— Work order —
For the data that follows, return each line unchanged and drop the pictures.

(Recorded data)
++++++++++

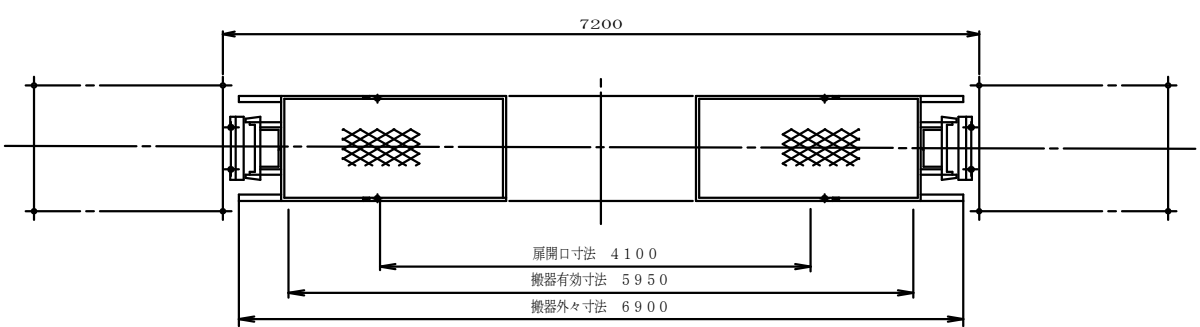

図面No.

A-02

ロングスパンエレベータ TNLE-900 (一般用)

製造メーカー

東菱機械 株式会社

平面図 S:1/37.5

正面図 S:1/37.5

側面図 S:1/37.5

ベース詳細図 S:1/37.5

第三角法	個数	尺度	1:37.5	工番	
管理番号	承認	査図	作成	名	ロングスパンエレベータ
			高橋	称	TNLE-900 (一般用)
日高機材株式会社				図番	A-02
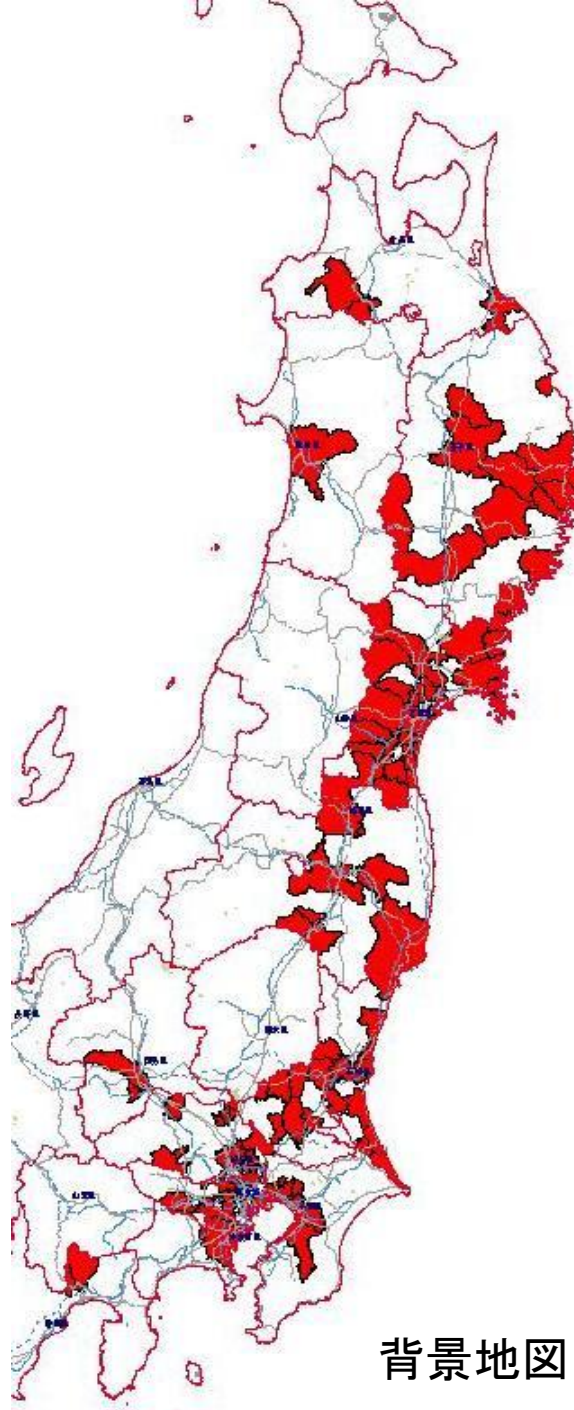

平成23年
東北地方太平洋沖地震
死者・行方不明者発生市町村
(消防庁第118報)

平成23年5月9日11時00分現在
死者14,737人、行方不明者9,992人
※都道府県で確認している数のみ

背景地図:(株)昭文社 MAPPLE

平成23年
東北地方太平洋沖地震
火災発生市町村
(消防庁第118報)
平成23年5月9日11時00分現在
火災発生345件

背景地図:(株)昭文社 MAPPLE

東北地方太平洋沖地震(新潟県中越地方の地震・静岡県東部の地震・秋田県内陸北部の地震含む)での市区町村別震度分布図(震度5弱以上)

5弱	水色
5強	黄緑
6弱	オレンジ
6強	紫
7	赤
精査中	黒

背景地図:(株)昭文社 MAPPLE
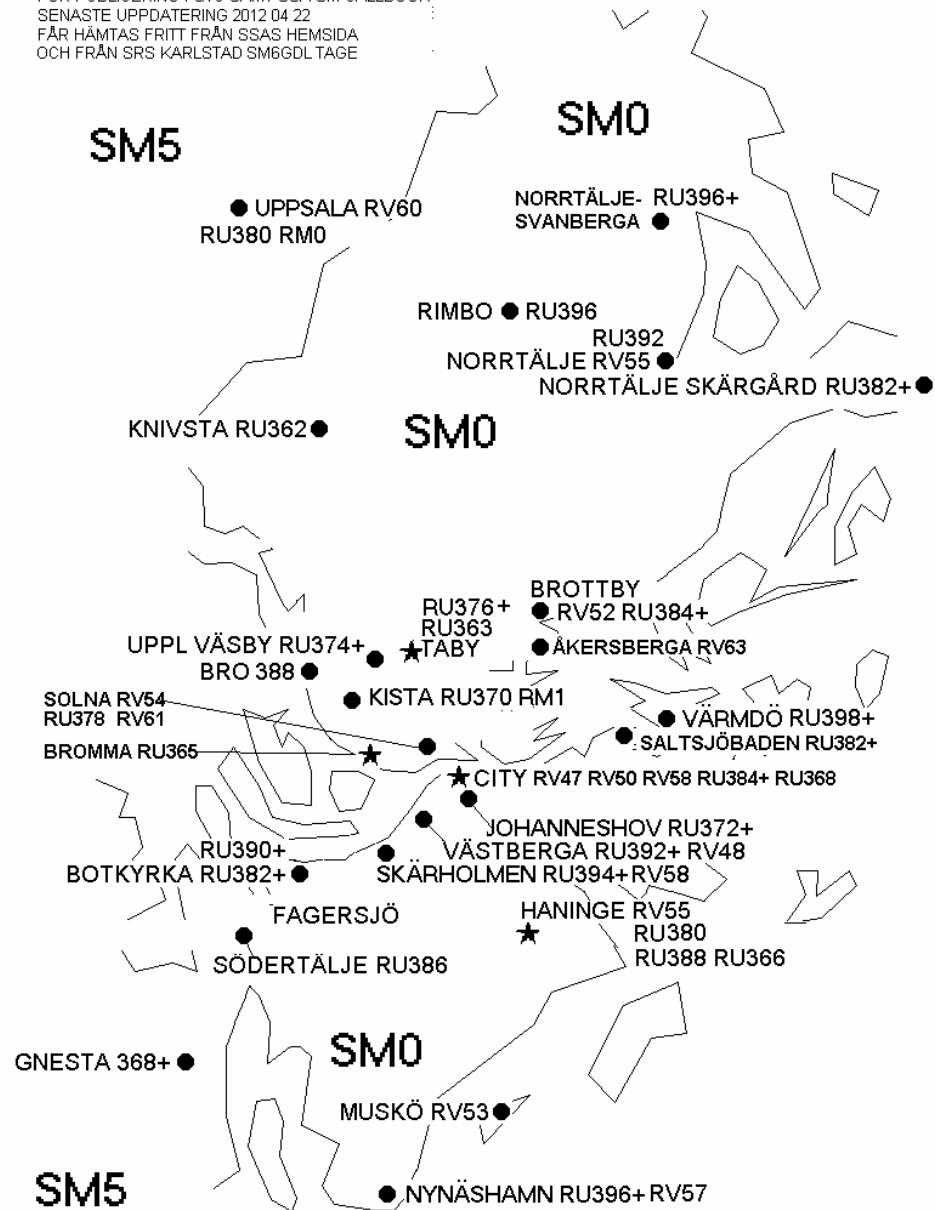

KARTAN FRAMTAGEN AV SM6GDL TAGE 1994 05 20
FÖR PUBLICERING I QTC SAMT SSA-SM CALLBOOK
SENASTE UPDATERING 2012 04 22
FÄR HÄMTAS FRITT FRÅN SSAS HEMSIDA
OCH FRÅN SRS KARLSTAD SM6GDL TAGE
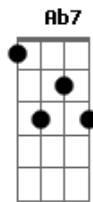

© ukulele-chords.com
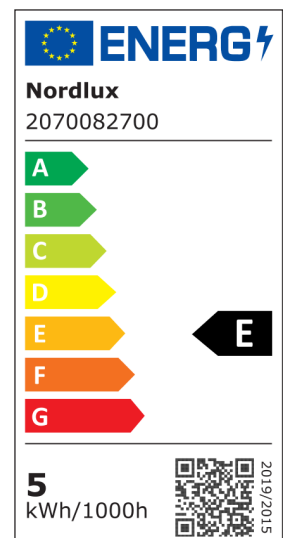

# SMART E27 | A60 | 2200-6500 KELVIN | 600 LUMEN | nordlux®

## PÆRE | KLAR

2070082700

Spænding (V): 220-240 Volt  
Pærefatning: E27

Primært materiale: Glas  
Farve: Klar

Højde (cm): 10.4

EAN-nummer: 5704924002526  
TUN: 2113039  
Varenummer: 2070082700  
Stk. pr. master-kasse: 6

Salgskasse, højde (cm): 11.5  
Salgskasse, bredde (cm): 6.2  
Salgskasse, dybde (cm): 6.2  
Salgskasse, volumen (m<sup>3</sup>): 0.0004  
Nettovægt af produkt (kg): 0.034

Lysstyrke (lumen): 600  
Farvetemperatur (K): 2200-6500  
Ra-værdi : 80  
Levetid (timer): 15000  
Strålevinkel (°) : 360  
Candela (cd) (kun for retningsbestemt lampe): 0  
Energiklasse: E  
Faktisk effekt (W): 4.7

• **Fuld strålevinkel på 360°**

Den klare Smart Pære E27 har en strålingsvinkel på 360° og kan indstilles til at have et koldt eller varmt lys.
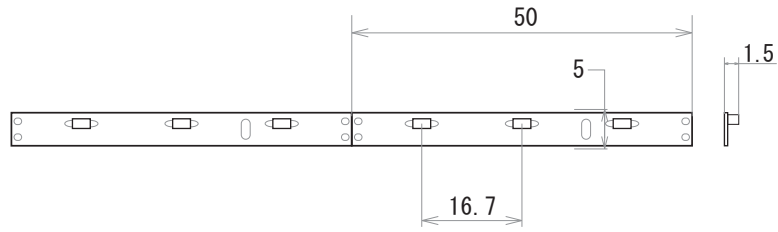

保護種類：非防水・ジェル防水

保護種類：チューブ防水・完全防水

端末処理：DC プラグ / DC ジャック

端末処理：ケーブル（線出し）

端末処理：コネクタ（メス・オス）

端末処理：防水（メス・オス）

備考

N				G			
M				F			
L				E			
K				D			
J				C			
I				B	19.01.25	図面改定	K.H
H				A	15.06.09	図面初回制作	K.H
Rev	年月日	変更履歴	名前	Rev	年月日	変更履歴	名前

寸法図 (mm)

名称  
12V仕様 LEDテープ 単色系  
335シリーズ 60leds/m

JW-SYSTEM CO., LTD
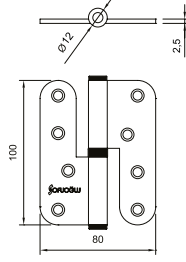

1042
YUVALI OKKA - 3 mm

TS EN 1935-4

AÇIKLAMA	ÖLÇÜ (cm)	b (mm)	MİKTAR	FİYAT / ₺
Boya Saten	10	82	20x120	63
Statik Siyah Boya	10	82	20x120	69
Vibrasyon - Kaplama	10	82	20x120	72
Cila - Kaplama	10	82	20x120	82
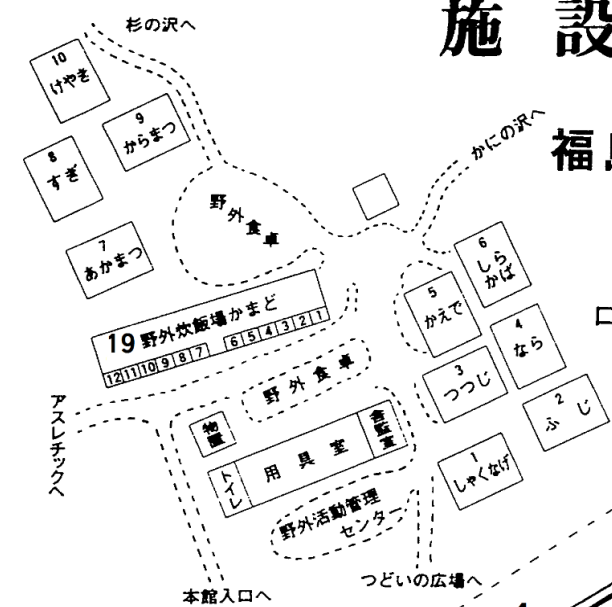

施設案内図

福島県会津自然の家

ロッジ配置図

活動エリア内放射線量測定値

(単位: $\mu\text{Sv/h}$)

測定場所	測定日	R4.6.1	R4.5.1
1 アスレチック 1番		0.058	0.090
2 ぎよしゃ座		0.065	0.068
3 ブラックホール下		0.048	0.061
4 おんば様		0.052	0.064
5 ヒノキ林		0.082	0.081
6 キャプテンB地点		0.081	0.071
7 展望台の上 分岐点		0.047	0.054
8 展望台		0.064	0.067
9 ブラックホール入口		0.078	0.076
10 中の沢、中の中の沢 分岐点		0.069	0.070
11 キャプテンC地点		0.075	0.085
12 中の尾根 つきあたり		0.071	0.084
13 ふじの沢 つきあたり		0.077	0.081
14 出会の広場		0.058	0.081
15 第一営火場(運動広場)		0.064	0.067
16 第二営火場		0.085	0.078
17 ぼうけんの森		0.078	0.082
18 ふれあいの広場		0.071	0.077
19 野外炊飯場		0.058	0.044
20 駐車場 中央		0.054	0.056
最小値		0.047	0.044
最大値		0.085	0.090

※地上から50cmの高さで測定
使用機器: HORIBA Radi(ラディ)
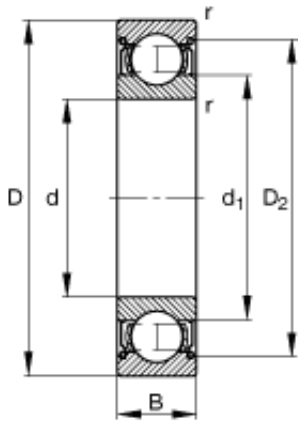

IMPORTED BEARING OF AMERICA CORP.

25 mm x 47 mm x 12 mm 25 mm x 47 mm x 12 mm FAG 6005-2Z deep groove ball bearings

Bearing No. 6005-2Z

Size	25x47x12 mm
Bore Diameter	25 mm
Outer Diameter	47 mm
Width	12 mm
d	25 mm
D	47 mm
B	12 mm
D ₂	42,5 mm
D _{a max}	43,8 mm
d ₁	32 mm
d _{a min}	28,2 mm
r _{a max}	0,6 mm
r _{min}	0,6 mm
m	0,083 kg / Weight
C _r	10700 N / Dynamic load rating (radial)
C _{0r}	5800 N / Static load rating (radial)
n _G	18600 1/min / Limiting speed
n _B	15200 1/min / Reference speed
C _{ur}	295 N / Fatigue limit load, radial

6005-2Z Bearing 2D drawings and 3D CAD models

++++++++++

— Answer —
図面No.

A-02

ロングスパンエレベータ TNLE-900 (一般用)

製造メーカー

東菱機械 株式会社

平面図 S:1/37.5

正面図 S:1/37.5

側面図 S:1/37.5

ベース詳細図 S:1/37.5

第三角法	個数	尺度	1:37.5	工番	
管理番号	承認	査図	作成	名	ロングスパンエレベータ
			高橋	称	TNLE-900 (一般用)
日高機材株式会社				図番	A-02

平成23年
東北地方太平洋沖地震
死者・行方不明者発生市町村
(消防庁第118報)

平成23年5月9日11時00分現在
死者14,737人、行方不明者9,992人
※都道府県で確認している数のみ

背景地図:(株)昭文社 MAPPLE

平成23年
東北地方太平洋沖地震
火災発生市町村
(消防庁第118報)
平成23年5月9日11時00分現在
火災発生345件

背景地図:(株)昭文社 MAPPLE

東北地方太平洋沖地震(新潟県中越地方の地震・静岡県東部の地震・秋田県内陸北部の地震含む)での市区町村別震度分布図(震度5弱以上)

5弱	水色
5強	黄緑
6弱	オレンジ
6強	紫
7	赤
精査中	黒

背景地図:(株)昭文社 MAPPLE

KARTAN FRAMTAGEN AV SM6GDL TAGE 1994 05 20
FÖR PUBLICERING I QTC SAMT SSA-SM CALLBOOK
SENASTE UPDATERING 2012 04 22
FÄR HÄMTAS FRITT FRÅN SSAS HEMSIDA
OCH FRÅN SRS KARLSTAD SM6GDL TAGE

© ukulele-chords.com

# SMART E27 | A60 | 2200-6500 KELVIN | 600 LUMEN | nordlux®

## PÆRE | KLAR

2070082700

Spænding (V): 220-240 Volt  
Pærefatning: E27

Primært materiale: Glas  
Farve: Klar

Højde (cm): 10.4

EAN-nummer: 5704924002526  
TUN: 2113039  
Varenummer: 2070082700  
Stk. pr. master-kasse: 6

Salgskasse, højde (cm): 11.5  
Salgskasse, bredde (cm): 6.2  
Salgskasse, dybde (cm): 6.2  
Salgskasse, volumen (m<sup>3</sup>): 0.0004  
Nettovægt af produkt (kg): 0.034

Lysstyrke (lumen): 600  
Farvetemperatur (K): 2200-6500  
Ra-værdi : 80  
Levetid (timer): 15000  
Strålevinkel (°) : 360  
Candela (cd) (kun for retningsbestemt lampe): 0  
Energiklasse: E  
Faktisk effekt (W): 4.7

• **Fuld strålevinkel på 360°**

Den klare Smart Pære E27 har en strålingsvinkel på 360° og kan indstilles til at have et koldt eller varmt lys.

保護種類：非防水・ジェル防水

保護種類：チューブ防水・完全防水

端末処理：DC プラグ / DC ジャック

端末処理：ケーブル（線出し）

端末処理：コネクタ（メス・オス）

端末処理：防水（メス・オス）

備考

N				G			
M				F			
L				E			
K				D			
J				C			
I				B	19.01.25	図面改定	K.H
H				A	15.06.09	図面初回制作	K.H
Rev	年月日	変更履歴	名前	Rev	年月日	変更履歴	名前

寸法図 (mm)

名称  
12V仕様 LEDテープ 単色系  
335シリーズ 60leds/m

JW-SYSTEM CO., LTD

1042
YUVALI OKKA - 3 mm

TS EN 1935-4

AÇIKLAMA	ÖLÇÜ (cm)	b (mm)	MİKTAR	FİYAT / ₺
Boya Saten	10	82	20x120	63
Statik Siyah Boya	10	82	20x120	69
Vibrasyon - Kaplama	10	82	20x120	72
Cila - Kaplama	10	82	20x120	82

施設案内図

福島県会津自然の家

ロッジ配置図

活動エリア内放射線量測定値

(単位: $\mu\text{Sv/h}$)

測定場所	測定日	R4.6.1	R4.5.1
1 アスレチック 1番		0.058	0.090
2 ぎよしゃ座		0.065	0.068
3 ブラックホール下		0.048	0.061
4 おんば様		0.052	0.064
5 ヒノキ林		0.082	0.081
6 キャプテンB地点		0.081	0.071
7 展望台の上 分岐点		0.047	0.054
8 展望台		0.064	0.067
9 ブラックホール入口		0.078	0.076
10 中の沢、中の中の沢 分岐点		0.069	0.070
11 キャプテンC地点		0.075	0.085
12 中の尾根 つきあたり		0.071	0.084
13 ふじの沢 つきあたり		0.077	0.081
14 出会の広場		0.058	0.081
15 第一営火場(運動広場)		0.064	0.067
16 第二営火場		0.085	0.078
17 ぼうけんの森		0.078	0.082
18 ふれあいの広場		0.071	0.077
19 野外炊飯場		0.058	0.044
20 駐車場 中央		0.054	0.056
最小値		0.047	0.044
最大値		0.085	0.090

※地上から50cmの高さで測定
使用機器: HORIBA Radi(ラディ)

IMPORTED BEARING OF AMERICA CORP.

25 mm x 47 mm x 12 mm 25 mm x 47 mm x 12 mm FAG 6005-2Z deep groove ball bearings

Bearing No. 6005-2Z

Size	25x47x12 mm
Bore Diameter	25 mm
Outer Diameter	47 mm
Width	12 mm
d	25 mm
D	47 mm
B	12 mm
D ₂	42,5 mm
D _{a max}	43,8 mm
d ₁	32 mm
d _{a min}	28,2 mm
r _{a max}	0,6 mm
r _{min}	0,6 mm
m	0,083 kg / Weight
C _r	10700 N / Dynamic load rating (radial)
C _{0r}	5800 N / Static load rating (radial)
n _G	18600 1/min / Limiting speed
n _B	15200 1/min / Reference speed
C _{ur}	295 N / Fatigue limit load, radial

6005-2Z Bearing 2D drawings and 3D CAD models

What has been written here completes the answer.